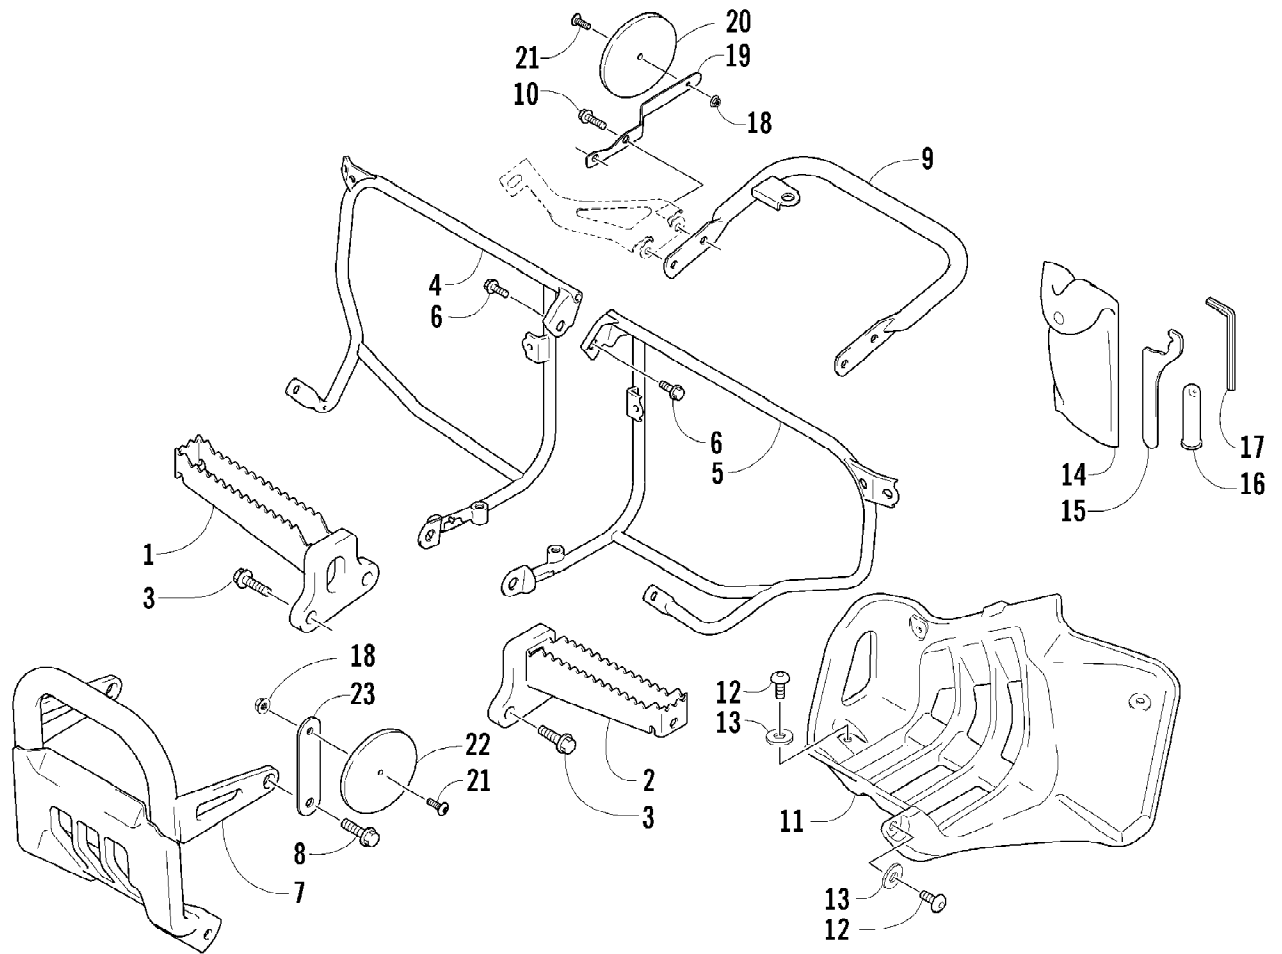

2007 ATV 400 DVX BLACK-CAT GREEN (A2007DVI2AUSE)
FOOTREST ASSEMBLY

Page 39 of 105

Ref #	Part Number	Qty	S/P/F	Description
1	3406-009	1		Footrest - Right
2	3406-010	1		Footrest - Left
3	3423-636	4		Bolt
4	3406-136	1	/P	Support, Mudguard - Right
5	3406-164	1	/P	Support, Mudguard - Left
6	3423-633	2		Bolt
7	3406-148	1		Grip, Front
8	3004-630	4	S	Bolt
9	3406-149	1		Grip, Rear
10	3006-544	4	S	Bolt
11	3406-070	1		Guard, Foot - Right
11	3406-071	1		Guard, Foot - Left
12	3423-661	8		Bolt
13	3423-690	8		Washer
14	3436-017	1		Kit, Tool
15	3436-019	1		Wrench, Spanner
16	3436-020	1		Gauge, Air Pressure
17	3436-018	1		Wrench, Hex
18	8424-502	4		Nut
19	2506-412	1		Bracket, Reflector - Rear - Right
19	2506-413	1		Bracket, Reflector - Rear - Left
20	4606-877	2		Reflector, Rear
21	0423-371	4		Screw, Machine
22	4606-878	2		Reflector, Front
23	2506-389	2		Bracket, Reflector - Front
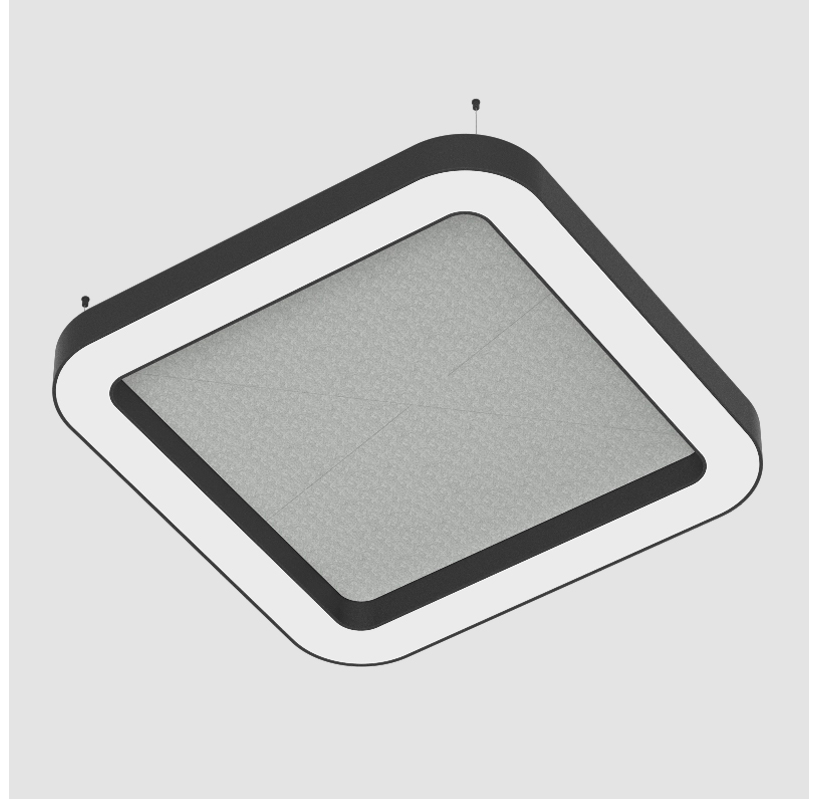

1. To build a product code in our configurator select the specify button on the base model # product page
2. To build a manual product code on this datasheet choose from the options listed below in blue font and add the suffix to the base model #

GENERAL

Series: Quantum Acoustic
Brand: Prolicht
Division: Architectural
Mounting Type: Suspension
Mounting Location: Ceiling
Subcategory: Acoustic

PHYSICAL

Shape: Round
Length (mm): 1400
Length (in): 55 1/8
Width (mm): 1400
Width (in): 55 1/8
Height (mm): 120
Height (in): 4 3/4
Light Distribution: Direct
Diffuser: PMMA - Opal / Micro-Prism
Fixture Finish: SSR / BKV / CWI / CRY / HAB / UFT / ITA / RUA / FTG / MYG / LOD / PUS / FRO / FUP / KIA / POP / BLS / SPG / MEY / GOH / GUM / CHC / COM / ABZ / JAG / OBR / MOS / ROR
Accent Finish: ANC / ASH / BNA / BTC / BZE / CEL / EGG / EVG / FOG / FOS / FST / FUA / IRI / IRO / KHA / LIC / LIM / MER / MSN / MUS / ONX / PEA / PLU / POL / PPY / RAY / ROY / RST / STE / SWD / TAN / TAU
Fixture Material: Aluminum
Cable Details: 2 000mm / 78 3/4" or 6 000mm / 236 1/4" Transparent Cable

ELECTRICAL

Lamp Type: LED (Zhaga Standard)
Input Wattage (W): 78.3

LED

Color Temperature (°K): 2700 / 3000 / 3500 / 4000
Max. Delivered Lumen (lm): 6639 / 6871 / 8068 / 6985
Nominal Lumen (lm): 10213 / 6871 / 12412 / 10747
CRI: >90 CRI
Lamp Life (hrs): 50000

OPTICAL

RATINGS AND CERTIFICATIONS

Certified By: CSA Certified to UL and CSA Standards
IP rating: IP20
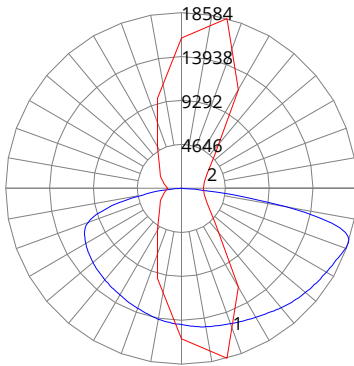

VRT3-563/C5/7xx-y-D-T3

ZONAL LUMEN SUMMARY		
Zone	Lumens	%Fixture
0-30	11861.45	21.8%
0-40	20259.91	37.2%
0-60	38939.79	71.5%
0-80	53157.92	97.6%
0-90	54345.74	99.8%
60-80	14218.13	26.1%
70-80	5943.7	10.9%
80-90	1187.83	2.2%
0-180	54464.87	100%
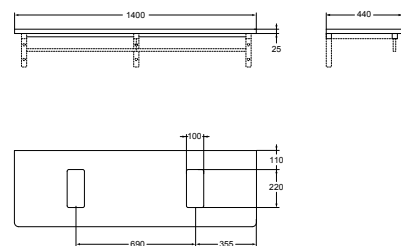

SOFTMOOD WORKTOP 65

for semi-countertop & WC unit installation

	GLOSSY WHITE	T7839WG
	GLOSSY LIGHT GREY	T7839S4
	LIGHT BROWN MATT	T7839S5
	WALNUT LEUKA	T7839S6

Required assembly with:

- Semi-countertop unit 650 mm T7818
- WC unit 650 mm T7819
- Worktops (has to be ordered separately)
- Wall hung
- Worktop 25 mm thickness
- Corner radius 25 mm
- Included hardware
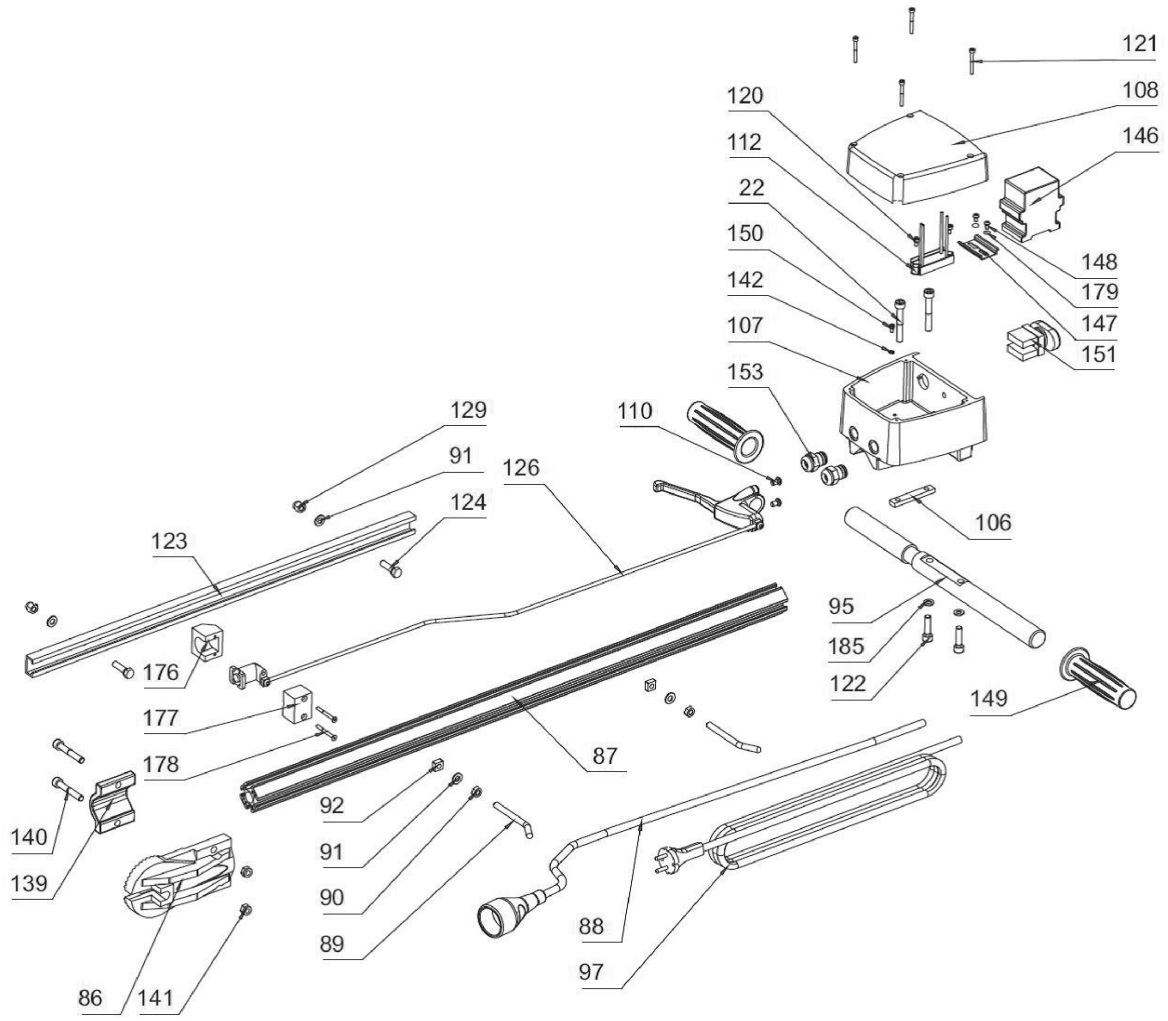

10 handle compl.

10 handle compl.

Item no.	Article no.	Description	Quantity
22	014734	Cylinder head screw M8x20 DIN 912	2
86	015051	Handle Angle Bracket compl. sy	1
87	015426	Profil rod Super / Turbo SEE 13054	1
88	014974	El. cord 3G1,5x0,7m black w.clutch	1
89	015427	Cable holder	2
90	014810	Hexagon nut M 8 DIN 934 I6I/I8I	2
91	014828	Washer M8 DIN 125 A	4
92	017605	Square nut M8 DIN 557	2
95	015429	Handle steel Turbo/ Vario - new version	1
97	014970	el.cord 3G1,5x10m black shock proofplug	1
106	015431	Flat connecting block	1
107	021207	Switch housing	1
108	052463	Cover high+deep wolffgreen	1
110	017552	Lens head screw M 6x16 ISO 7380	2
112	076541	Current limiter230V,3wire GEFI replacem.	1
120	018280	Cylinder head screw M4x8 DIN 912	2
121	017684	Cylinder head screw M4x45 DIN 912	4
122	014737	Cylinder head screw M8x35 DIN 912	2
123	015432	Cable channel system-handle Turbo	1
124	017060	Hexagonal screw M 8x 30 DIN 933	2
126	015032	Hydraulic Clutch Assembly Turbo 1	1
129	014825	Cap nut M8 DIN 986	4
139	015423	Clamping profile	1
140	017551	Cylinder head screw M8x50 DIN 912	2
141	014816	Hexagon nut M8 DIN 985	2
142	017663	Tooth lock washer 4.3 Form A DIN 6797	1
146	021327	Contactoer 230V / 20A	1
147	020969	Top hat rail 50 mm	1
148	018280	Cylinder head screw M4x8 DIN 912	2
149	014922	Handle cove	2
150	017473	Cylinder head screw M4x8 DIN 84 brass	1
151	021233	ZB-Tracer	1
153	014992	Protective cut-out switch	2
176	019776	Rotation lock below Turbo Str.	1
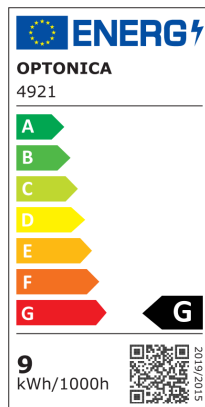

Striscia LED 4040 60 SMD/m

Potenza

10W/m

Colore della luce

 Luce fredda

Stamps

Specifiche tecniche

Brand	Optonica	Instant On	0.1s
Product Code	ST4040-A1	Operating Frequency	50-60 Hz
Power	10W/m	Temperature	-20°C / +40°C
Energy Consumption	10 kWh/1000h	Life span	25 000 Hours
Input voltage	DC12V	Color Code	860
Flux	650 lm	LED Type	4040
IP	44	Lumen maintenance at end of service life	70%
Dimmable	No	Size of product	10x2 mm
Correlated Color Temperature	6000K	Size of package	155x190 mm
Light Color	Luce fredda	Material	Flex PCB
EAN Code	3800156649217	Gross weight	0,121 kg
Energy Efficiency Label	G	Net weight	0,109 kg
Beam angle	120°	Warranty	2 Years
On/Off Cycles	25 000x		
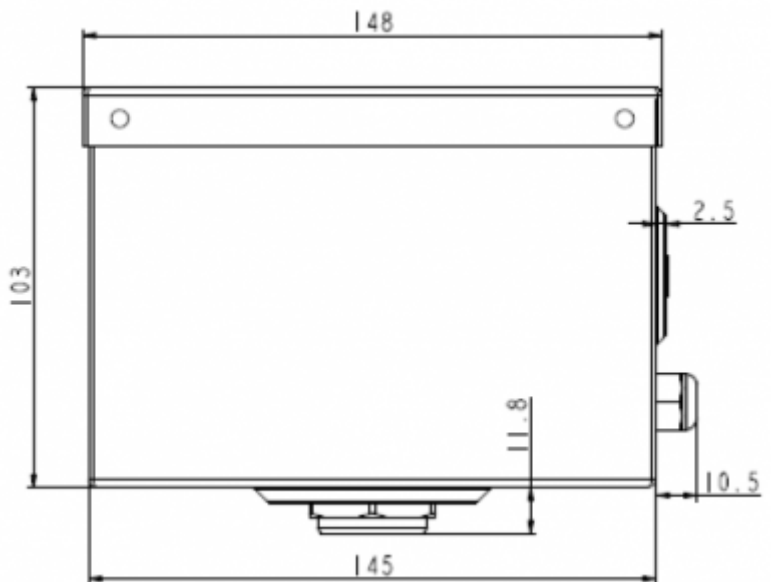

Description

Order Number:	82000001
Colour:	RAL 7035
Housing Material:	Mild steel, powder coated
Note:	Evaporation capacity app. 250 ml/hr.
Approvals:	CE

Technical Data

Mounting:	External
Dimensions A x B x C (D+E):	103 x 164 x 148 mm
Voltage / Frequency:	230 V ~ 50/60 Hz
Starting current:	2 A

Cut Out Dimension:

[click image to enlarge](#)

Order Information

GTIN (EAN)

5350604300231
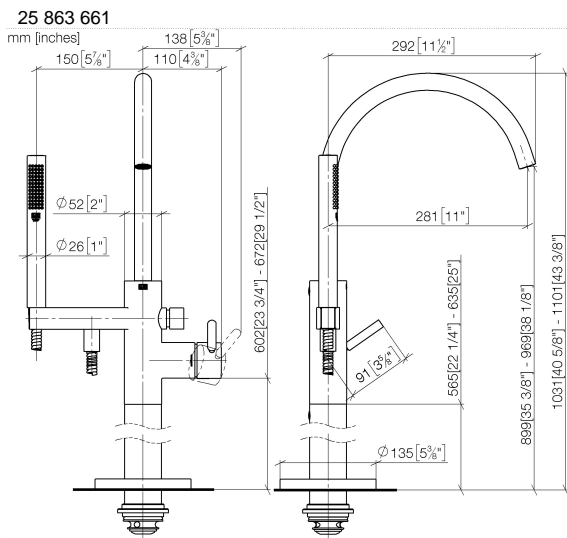

Single-lever bath mixer with stand pipe for free-standing assembly with hand shower set - Matte Black

TARA

25 863 661

Fits: TARA, META

- spout: circular, air-enriched flow
- max. flow 19.5 l/min at 3 bar flow pressure
- Hand shower: COMPACT RAIN, max. flow rate 6.8 l/min (at 3 bar)
- bar-type hand shower with anti-scale system
- pivotable spout 360°
- 281mm projection
- wall bracket
- automatic bath/shower diverter
- total height 1031 - 1101 mm
- stand pipe height 565 - 635 mm
- height up to aerator 899 – 969 mm
- slide-on rosettes Ø 135 mm
- metal shower hose 1250mm with integrated anti-twist protection
- WRAS 2001027

Required miscellaneous

**Concealed floor mounting -**

35 945 970 90

- max. recess depth 150 mm
- min. recess depth 80 mm

Flow rate chart

Certificates

IAPMO\_4976 (5). Belgaqua\_19\_77\_27. WRAS\_2001027. LGA\_29727.
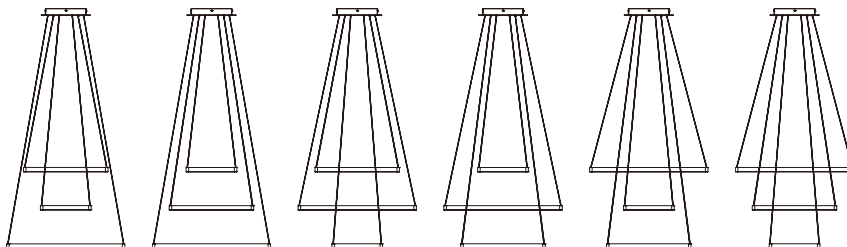

E22407-BZ
3-Tier LED Pendant
Finish: Bronze
Glass: Acrylic
100W LED (Integrated)
7,000 Lumens
20.5" / 47.25" OAH

• Can be arranged in different sequences
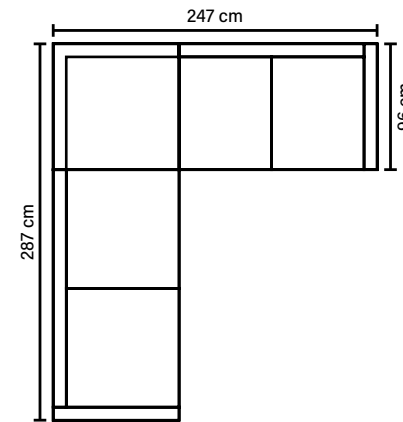

OPEN END SMALL (Left/Right)

3Corner2/2Corner3

2Corner2

SEAT

HR Foam 35 kg + ERX Foam 40 kg
covered with 200 g fiber

BACK

Siliconized polyester fiber

Loose seat cushions and loose back cushions

DECO PILLOWS

1 deco pillow per armrest size 40×40 cm
1 deco pillow per corner size 40×40 cm

ARMREST

Foam 25 kg

FRAME

Plywood + wood
No-Sag springs

LEG OPTIONS

Standard leg: 14
wooden
height 16 cm
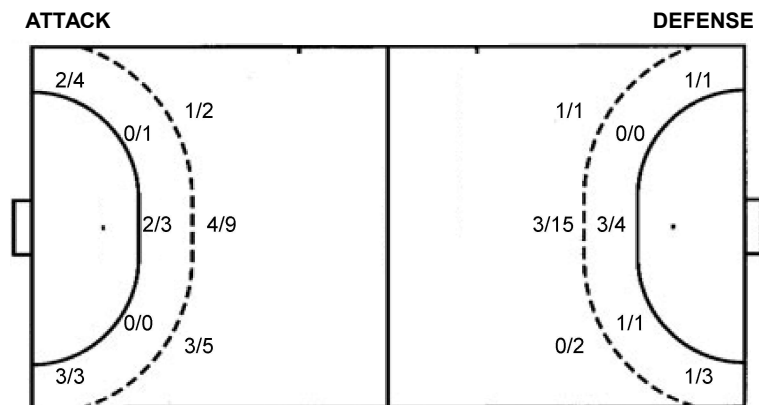

Shots by position

7m penalties	1/1
Fastbreak	8/9
Breakthrough	3/7
Long dist.	1/1

7m penalties	2/3
Fastbreak	0/1
Breakthrough	7/11
Long dist.	0/0

Shooting statistics

Position	Goals	Sav.	Miss.	Post	Blk.	Total	%
Back (9m)	8	4	1	2	1	16	50
Line (6m)	2	2	0	0	0	4	50
Wing	5	1	1	0	0	7	71
7m penalties	1	0	0	0	0	1	100
Fastbreak	8	1	0	0	0	9	89
Breakthrough	3	2	2	0	0	7	43
Total	27	10	4	2	1	44	61
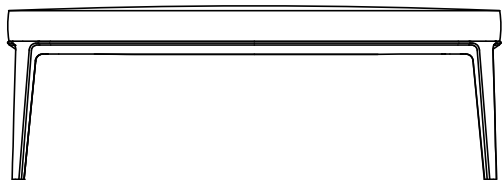

DESCRIPTION

Typology	Benches collection
Base	Solid wood or metal painted
Structure	Multi-density flexible polyurethane
Pre-cover	Polyester fibre
Final cover	Removable in fabric, not removable in leather

DIMENSIONS

Structure in wood

1300
51 1/4"

480
19"

500
19 3/4"

Structure in metal

1300
51 1/4"

480
19"

500
19 3/4"

Structure in wood

1300
51 1/4"

380
15"

500
19 3/4"

Structure in metal

1300
51 1/4"

380
15"
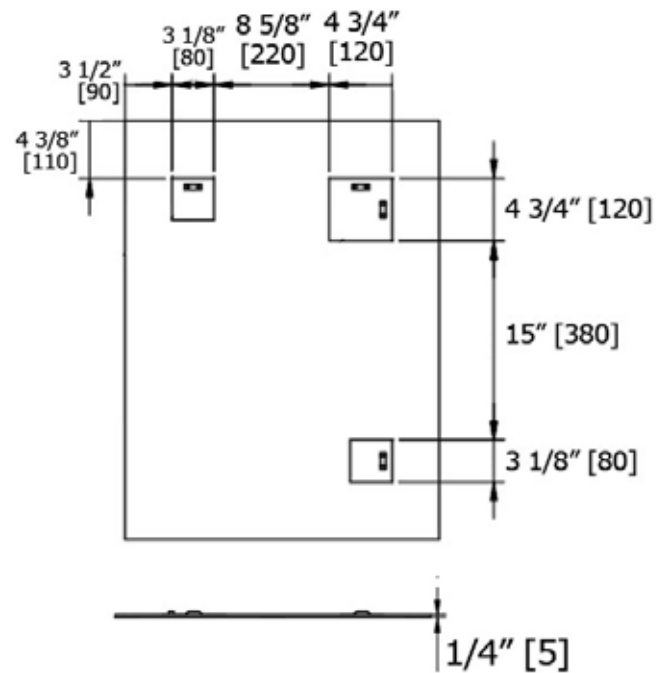

TEXTURED GLASS FRAMED MIRRORS

ETCHED FROSTED FRAME

M00633

LALOO ACCESSORIES
 laloo.ca
 866.305.2566
 SERVICE@laloo.ca
+++
* [Work task]:
Find where the line with "- Worktops (has to be ordered separately)" sits in the material above and where the line with "rod Super /" sits. Set down exactly the lines from the first to the second, both included and nothing else, without pictures.

* [Task response]:
- Worktops (has to be ordered separately)
- Wall hung
- Worktop 25 mm thickness
- Corner radius 25 mm
- Included hardware

10 handle compl.

10 handle compl.

Item no.	Article no.	Description	Quantity
22	014734	Cylinder head screw M8x20 DIN 912	2
86	015051	Handle Angle Bracket compl. sy	1
87	015426	Profil rod Super / Turbo SEE 13054	1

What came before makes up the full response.